- **EXERCISE OBJECTIVE**
Only the lines from the beginning of the data through the one with "Owner(s): B Wheeler" belong in the answer, each retyped exactly, with pictures left out.

(Stored entries)
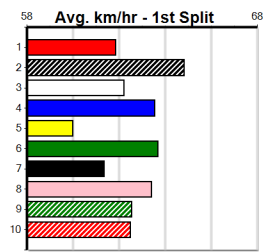

Sale

2

5:05PM

(VIC time)

SPORTSBET FINAL

Distance: 435m, Race Type: Maiden Final, Total Prizemoney: $2,925
1st: $1,950, 2nd: $600, 3rd: $300, 4th: $75

PAW BODHI (8) was a dazzling 24.41 heat winner last week and she can light them up once again.
GOT FLAIR (3) has been solidly placed in all four runs to date and he will continue to get better.
ROSCOE BALE (2) won't be too far away.

Watchdog Tips: **8** **3** **2** **10** **Bet:** Trifecta 8/2,3,10/2,3,4,10 ($10 - 111.11%)

1

SOMERTON KAREN [M] **Better for the run on debut, place claims** **$10.00**
BK Bitch Dec-22 Sire: MY REDEEMER Dam: SOMERTON ROSE Trainer: Michael Delaney (Cobains)
Owner(s): M Delaney
Winning Distances: < 300m (0) 300 - 399m (0) 400 - 499m (0) 500 - 599m (0) 600 - 699m (0) > 700m (0)
Winning Weights:
4th (1) 24.7 435 SLE R2 23-Jun-24 25.26 24.37 13.00 PAW BODHI (24.41) M/544 5.37 $8.50 MH
Last 3 wins NOT included above

Box History

Bx	1st	2nd	3rd	4th	5th	6th	7th	8th
1				1				
2								
3								
4								
5								
6								
7								
8								

Prize Best	$75.00
Starts	NBT
Trk/Dts	1-0-0-0
APM	1-0-0-0
	75

2

ROSCOE BALE (NSW)[M] **Placed in all four runs to date, can threaten** **$9.00**
WBK Dog May-22 Sire: ALLEN DEED Dam: WANNA ALLEN Trainer: Daniel Gibbons (Avalon)
Owner(s): B Wheeler
Winning Distances: < 300m (0) 300 - 399m (0) 400 - 499m (0) 500 - 599m (0) 600 - 699m (0) > 700m (0)
Winning Weights:
3rd (4) 30.5 400 GEL R1 01-Jun-24 23.32 22.41 4.00L WINTER BALE (23.05) M/44 8.90 $9.80 M
2nd (3) 29.9 390 WBL R1 05-Jun-24 22.55 21.96 0.25L XENI BALE (22.54) M/21 8.81 $3.40 M
2nd (7) 30.6 410 HOR R1 18-Jun-24 23.64 23.08 3.00L LILYDALE (23.44) M/22 10.47 $4.70 M
2nd (1) 29.9 435 SLE R1 23-Jun-24 25.14 24.37 2.00L HE'S A ROCK (25.01) M/322 5.27 $3.70 MH
Last 3 wins NOT included above

Box History

Bx	1st	2nd	3rd	4th	5th	6th	7th	8th
1	1							
2								
3	1							
4			1					
5								
6								
7		1						
8								

Prize Best	$1820.00
Starts	NBT
Trk/Dts	4-0-3-1
APM	1-0-1-0
	1820

3

GOT FLAIR (NSW)[M] **Solid muster, handy heat effort, main danger** **$6.00**
BD Dog Nov-22 Sire: FERNANDO BALE Dam: CHAMPION MODEL Trainer: Brian Alford (Yarram)
Owner(s): B Alford
Winning Distances: < 300m (0) 300 - 399m (0) 400 - 499m (0) 500 - 599m (0) 600 - 699m (0) > 700m (0)
Winning Weights:
3rd (3) 33.2 350 TRA R1 07-Jun-24 20.29 19.65 2.25L ZULU WOLF (20.14) S/43 6.75 $4.20 M
2nd (1) 33.4 350 TRA R1 12-Jun-24 20.20 19.75 1.5L PERCIVAL (20.12) M/22 SW 6.80 $2.40 M
2nd (6) 33.2 350 TRA R1 17-Jun-24 20.10 19.76 1.00L RIO WHIZZER (20.04) M/32 6.76 $1.90 M
3rd (8) 33.2 435 SLE R2 23-Jun-24 24.95 24.37 8.00L PAW BODHI (24.41) M/433 5.35 $2.20 MH
Last 3 wins NOT included above

Box History

Bx	1st	2nd	3rd	4th	5th	6th	7th	8th
1		1						
2								
3			1					
4								
5								
6		1						
7								
8				1				

Prize Best	$1360.00
Starts	NBT
Trk/Dts	4-0-2-2
APM	1-0-0-1
	1360

- **PROBLEM SOLUTION**
Sale

2

5:05PM

(VIC time)

SPORTSBET FINAL

Distance: 435m, Race Type: Maiden Final, Total Prizemoney: $2,925
1st: $1,950, 2nd: $600, 3rd: $300, 4th: $75

PAW BODHI (8) was a dazzling 24.41 heat winner last week and she can light them up once again.
GOT FLAIR (3) has been solidly placed in all four runs to date and he will continue to get better.
ROSCOE BALE (2) won't be too far away.

Watchdog Tips: **8** **3** **2** **10** **Bet:** Trifecta 8/2,3,10/2,3,4,10 ($10 - 111.11%)

1

SOMERTON KAREN [M] **Better for the run on debut, place claims** **$10.00**
BK Bitch Dec-22 Sire: MY REDEEMER Dam: SOMERTON ROSE Trainer: Michael Delaney (Cobains)
Owner(s): M Delaney
Winning Distances: < 300m (0) 300 - 399m (0) 400 - 499m (0) 500 - 599m (0) 600 - 699m (0) > 700m (0)
Winning Weights:
4th (1) 24.7 435 SLE R2 23-Jun-24 25.26 24.37 13.00 PAW BODHI (24.41) M/544 5.37 $8.50 MH
Last 3 wins NOT included above

Box History

Bx	1st	2nd	3rd	4th	5th	6th	7th	8th
1				1				
2								
3								
4								
5								
6								
7								
8								

Prize Best	$75.00
Starts	NBT
Trk/Dts	1-0-0-0
APM	1-0-0-0
	75

2

ROSCOE BALE (NSW)[M] **Placed in all four runs to date, can threaten** **$9.00**
WBK Dog May-22 Sire: ALLEN DEED Dam: WANNA ALLEN Trainer: Daniel Gibbons (Avalon)
Owner(s): B Wheeler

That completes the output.